= What is needed =
The listing below is to be duplicated exactly, with every picture omitted.

= Data to use =
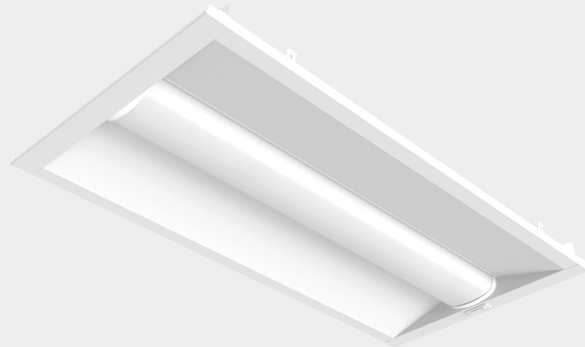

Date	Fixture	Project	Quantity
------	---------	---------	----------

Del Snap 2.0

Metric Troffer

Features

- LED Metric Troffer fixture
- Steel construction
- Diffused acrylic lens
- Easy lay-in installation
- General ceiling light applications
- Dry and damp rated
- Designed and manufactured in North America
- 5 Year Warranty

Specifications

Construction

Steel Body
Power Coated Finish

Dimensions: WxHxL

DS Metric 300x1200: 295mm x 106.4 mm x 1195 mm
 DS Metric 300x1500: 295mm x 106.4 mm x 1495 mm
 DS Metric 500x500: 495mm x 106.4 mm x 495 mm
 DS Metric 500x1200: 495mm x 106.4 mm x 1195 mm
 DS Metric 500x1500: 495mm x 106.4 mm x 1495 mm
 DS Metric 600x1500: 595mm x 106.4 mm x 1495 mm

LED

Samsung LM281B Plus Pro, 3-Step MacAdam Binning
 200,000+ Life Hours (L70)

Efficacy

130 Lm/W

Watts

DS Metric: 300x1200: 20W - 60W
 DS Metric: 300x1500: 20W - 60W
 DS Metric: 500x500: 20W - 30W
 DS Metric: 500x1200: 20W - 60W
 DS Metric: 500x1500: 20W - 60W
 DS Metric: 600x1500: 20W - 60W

= Worked solution =
Date	Fixture	Project	Quantity
------	---------	---------	----------

Del Snap 2.0

Metric Troffer

Features

- LED Metric Troffer fixture
- Steel construction
- Diffused acrylic lens
- Easy lay-in installation
- General ceiling light applications
- Dry and damp rated
- Designed and manufactured in North America
- 5 Year Warranty

Specifications

Construction

Steel Body
Power Coated Finish

Dimensions: WxHxL

DS Metric 300x1200: 295mm x 106.4 mm x 1195 mm
 DS Metric 300x1500: 295mm x 106.4 mm x 1495 mm
 DS Metric 500x500: 495mm x 106.4 mm x 495 mm
 DS Metric 500x1200: 495mm x 106.4 mm x 1195 mm
 DS Metric 500x1500: 495mm x 106.4 mm x 1495 mm
 DS Metric 600x1500: 595mm x 106.4 mm x 1495 mm

LED

Samsung LM281B Plus Pro, 3-Step MacAdam Binning
 200,000+ Life Hours (L70)

Efficacy

130 Lm/W

Watts

DS Metric: 300x1200: 20W - 60W
 DS Metric: 300x1500: 20W - 60W
 DS Metric: 500x500: 20W - 30W
 DS Metric: 500x1200: 20W - 60W
 DS Metric: 500x1500: 20W - 60W
 DS Metric: 600x1500: 20W - 60W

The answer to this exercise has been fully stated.